**RECORDS SHOWN**
☆ ☆ ☆ ☆ ☆ ☆ ☆
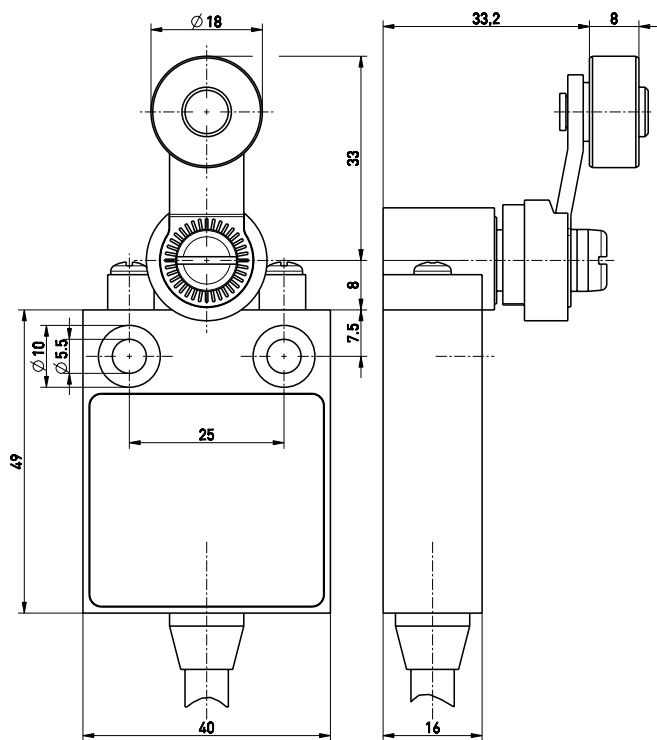

- Привод: поворотный рычаг D
- Скорость приведения в действие макс. 0,5 м/сек при вертикальном угле наезда 45°
- Устойчивый к истиранию пластмассовый ролик
- Поворотный рычаг переставляемый шагами по 10° влево или направо
- Привод, переставляемый на 180°
- Внимание: при заказе пожалуйста укажите необходимые разрешения для России, Китая, Бразилии и Северной Америки!

Примечание

- По требованию возможна поставка с металлическим роликом

Размеры

Технические данные

Стандарты	EN 60947-5-1; EN 1088; EN 60079-0, EN 60079-1, EN 60079-31; EN ISO 13849-1
Корпус	стеклонаполненный, ударостойкий, не поддерживающий горение пластик UL 94-V0
Класс защиты	IP 65 по IEC/EN 60529
Материал контактов	серебро
Переключающая система	плавное переключение, положительный размыкаемый Нормально Замкнутый контакт
Коммутирующие элементы	Переключающий контакт с двойным разрывом цепи Zb, гальванически развязанные контактные перемычки
Вид подключения	Соединительные провода H05VV-F 4 x 0,75 мм ²
V_{10d} (10 % номинальной нагрузки)	2 миллиона
T_M	макс. 20 лет
U_{imp}	4 kV
U_i	250 V
I_{the}	T6: 6 A, T5: 3 A
I_e/U_e	6 A/250 V перем напряжение; 0,25 A/230 V пост. напряжение
Категории использования	AC-15; DC-13
Защита от короткого замыкания	6 A gG/gN предохранитель
Температура окружающей среды	T6: -20 °C ... +65 °C, T5: -20 °C ... +95 °C
Мех. долговечность	> 1 миллион циклов включения
Частота переключения	1800 в час
Точность повторения точки переключения	± 0,1 мм
Ширина размыкания контактов	макс. 2 x 4 мм
Взрывная защищенность	Ex II 2G Ex d IIC T6/T5 Gb, Ex II 2D Ex tb IIIC T80 °C/T95 °C Db IP65 IECEx Ex d IIC T6/T5 Gb, Ex tb IIIC T80 °C/T95 °C Db IP65
Сертификаты тестов	PTB 03 ATEX 1068 X
☆ ☆ ☆ ☆ ☆ ☆ ☆
Go through the data above and print exactly the lines from its first line through the line holding "- Привод, переставляемый на 180°", both included, leaving pictures aside.

- Привод: поворотный рычаг D
- Скорость приведения в действие макс. 0,5 м/сек при вертикальном угле наезда 45°
- Устойчивый к истиранию пластмассовый ролик
- Поворотный рычаг переставляемый шагами по 10° влево или направо
- Привод, переставляемый на 180°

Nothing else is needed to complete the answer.